Select and copy out every line in the records containing "Cast".
(MATERIAL FOR THE TASK)
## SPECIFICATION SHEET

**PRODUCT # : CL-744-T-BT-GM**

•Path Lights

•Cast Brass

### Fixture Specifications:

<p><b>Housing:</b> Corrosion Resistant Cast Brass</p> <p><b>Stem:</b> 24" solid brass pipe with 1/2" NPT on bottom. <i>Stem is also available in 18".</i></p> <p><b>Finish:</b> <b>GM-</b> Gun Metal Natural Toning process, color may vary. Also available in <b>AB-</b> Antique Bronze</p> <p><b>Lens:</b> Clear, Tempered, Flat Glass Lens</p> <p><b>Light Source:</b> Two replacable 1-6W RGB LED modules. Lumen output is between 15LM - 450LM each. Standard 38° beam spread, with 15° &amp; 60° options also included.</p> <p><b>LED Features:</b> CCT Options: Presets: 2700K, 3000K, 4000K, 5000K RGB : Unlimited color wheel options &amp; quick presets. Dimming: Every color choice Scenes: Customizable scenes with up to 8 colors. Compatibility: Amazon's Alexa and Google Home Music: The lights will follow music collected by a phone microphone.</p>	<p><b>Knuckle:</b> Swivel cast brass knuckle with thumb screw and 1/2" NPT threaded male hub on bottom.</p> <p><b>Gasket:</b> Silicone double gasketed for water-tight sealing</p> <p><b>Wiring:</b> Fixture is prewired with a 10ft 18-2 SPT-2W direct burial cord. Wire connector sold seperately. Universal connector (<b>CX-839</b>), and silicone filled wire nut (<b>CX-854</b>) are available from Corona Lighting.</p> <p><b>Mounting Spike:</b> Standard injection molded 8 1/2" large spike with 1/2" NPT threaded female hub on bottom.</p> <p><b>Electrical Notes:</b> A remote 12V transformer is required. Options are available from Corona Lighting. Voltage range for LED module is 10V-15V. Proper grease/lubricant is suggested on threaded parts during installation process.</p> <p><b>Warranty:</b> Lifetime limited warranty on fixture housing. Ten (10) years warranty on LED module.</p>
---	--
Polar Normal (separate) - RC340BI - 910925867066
(End MATERIAL FOR THE TASK)
(MATERIAL FOR THE TASK)
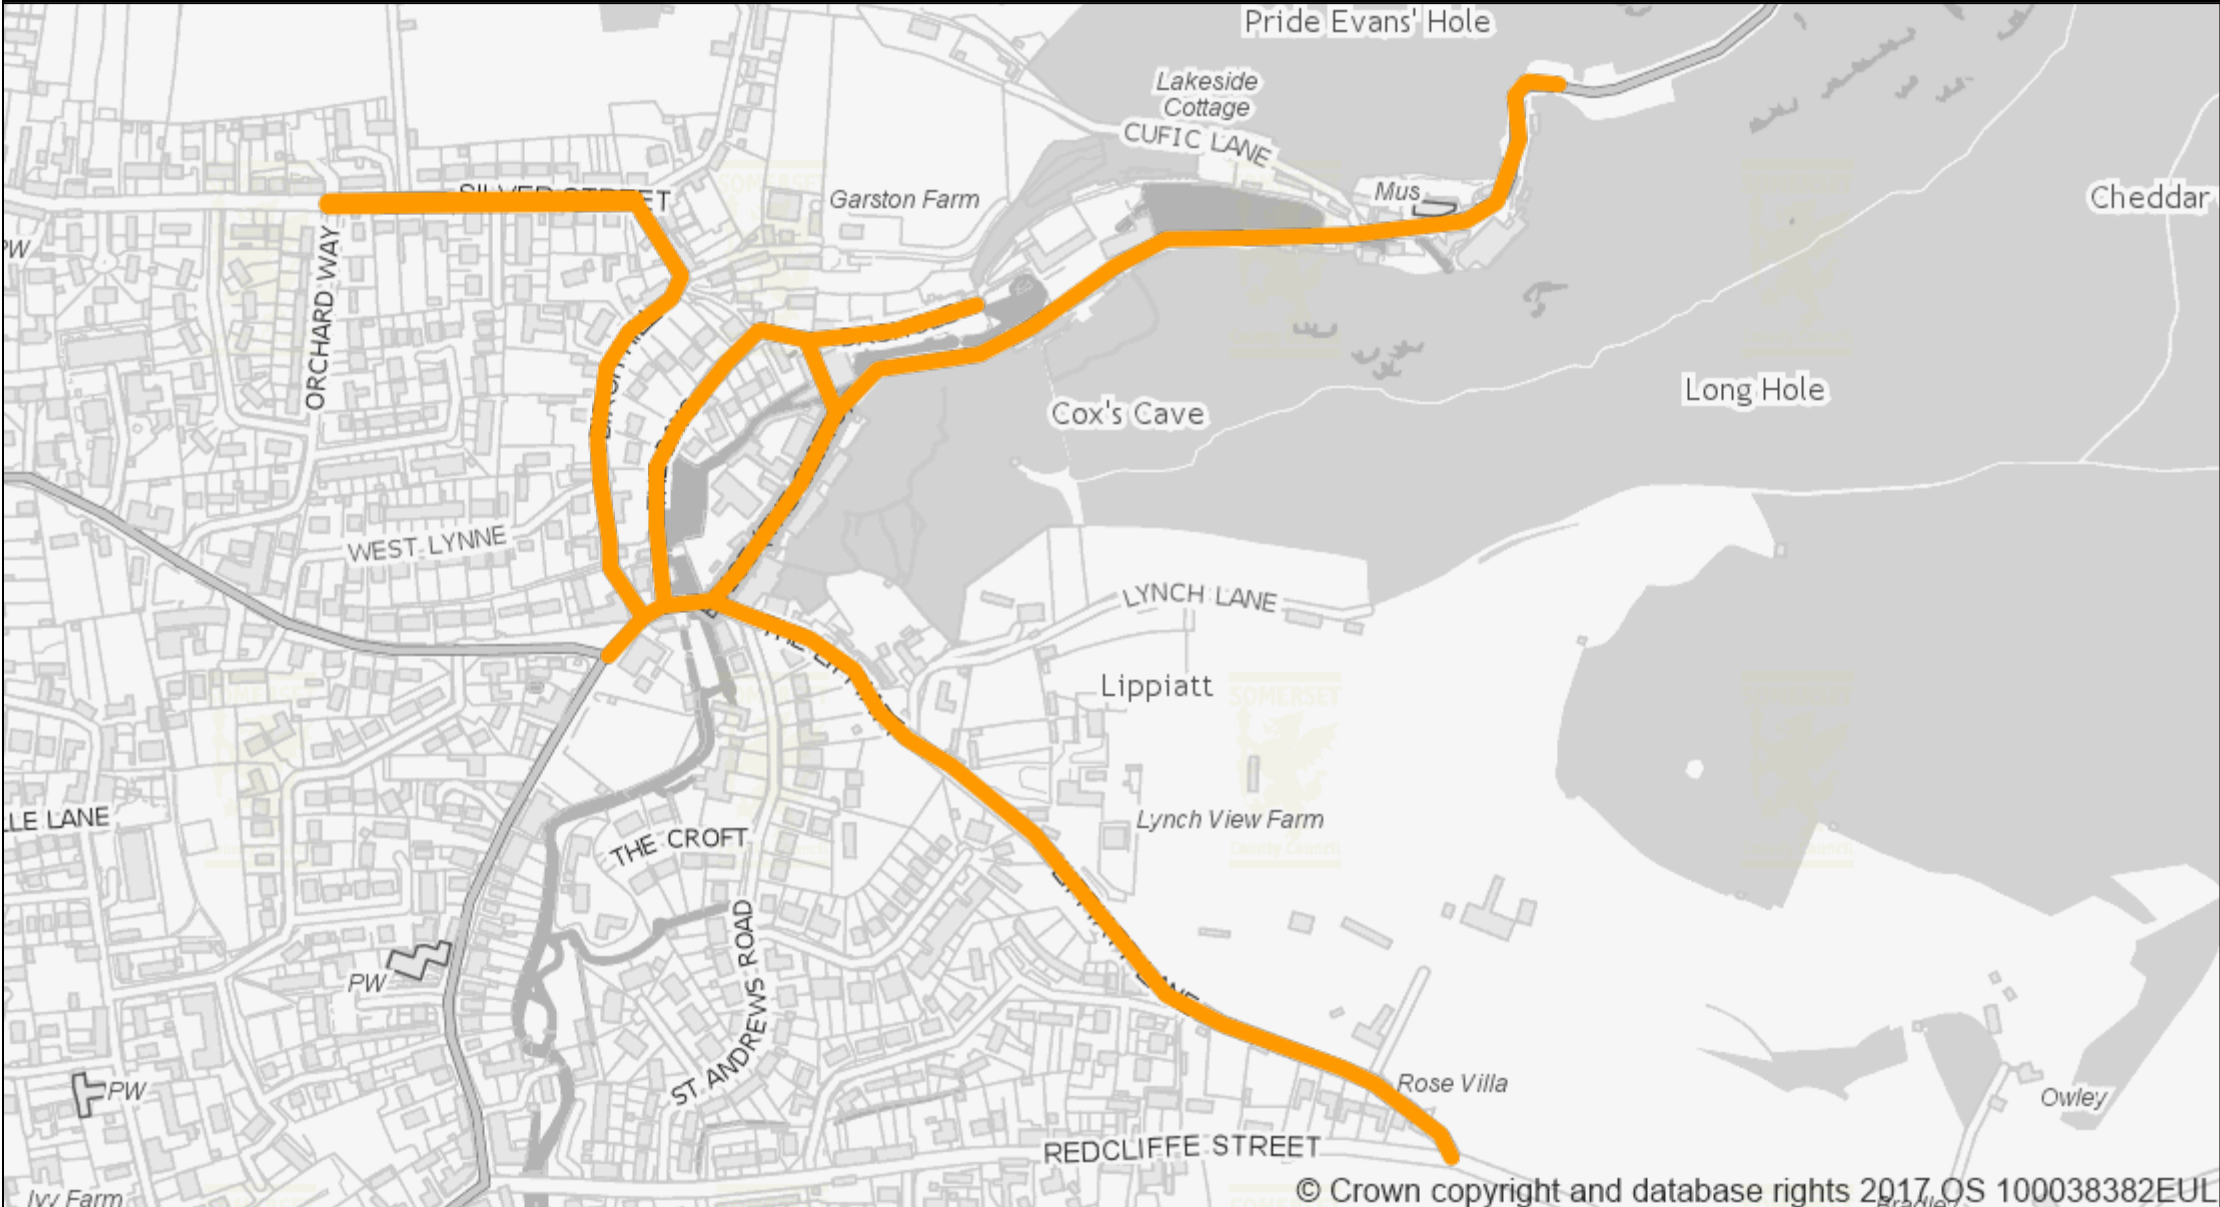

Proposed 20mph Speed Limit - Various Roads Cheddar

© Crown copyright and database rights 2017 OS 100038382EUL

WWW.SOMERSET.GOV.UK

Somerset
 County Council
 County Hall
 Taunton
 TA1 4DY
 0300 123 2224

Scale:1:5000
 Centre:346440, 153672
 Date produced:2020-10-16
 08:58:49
(End MATERIAL FOR THE TASK)
_SOLUTION BELOW_
•Cast Brass
<p><b>Housing:</b> Corrosion Resistant Cast Brass</p> <p><b>Stem:</b> 24" solid brass pipe with 1/2" NPT on bottom. <i>Stem is also available in 18".</i></p> <p><b>Finish:</b> <b>GM-</b> Gun Metal Natural Toning process, color may vary. Also available in <b>AB-</b> Antique Bronze</p> <p><b>Lens:</b> Clear, Tempered, Flat Glass Lens</p> <p><b>Light Source:</b> Two replacable 1-6W RGB LED modules. Lumen output is between 15LM - 450LM each. Standard 38° beam spread, with 15° &amp; 60° options also included.</p> <p><b>LED Features:</b> CCT Options: Presets: 2700K, 3000K, 4000K, 5000K RGB : Unlimited color wheel options &amp; quick presets. Dimming: Every color choice Scenes: Customizable scenes with up to 8 colors. Compatibility: Amazon's Alexa and Google Home Music: The lights will follow music collected by a phone microphone.</p>	<p><b>Knuckle:</b> Swivel cast brass knuckle with thumb screw and 1/2" NPT threaded male hub on bottom.</p> <p><b>Gasket:</b> Silicone double gasketed for water-tight sealing</p> <p><b>Wiring:</b> Fixture is prewired with a 10ft 18-2 SPT-2W direct burial cord. Wire connector sold seperately. Universal connector (<b>CX-839</b>), and silicone filled wire nut (<b>CX-854</b>) are available from Corona Lighting.</p> <p><b>Mounting Spike:</b> Standard injection molded 8 1/2" large spike with 1/2" NPT threaded female hub on bottom.</p> <p><b>Electrical Notes:</b> A remote 12V transformer is required. Options are available from Corona Lighting. Voltage range for LED module is 10V-15V. Proper grease/lubricant is suggested on threaded parts during installation process.</p> <p><b>Warranty:</b> Lifetime limited warranty on fixture housing. Ten (10) years warranty on LED module.</p>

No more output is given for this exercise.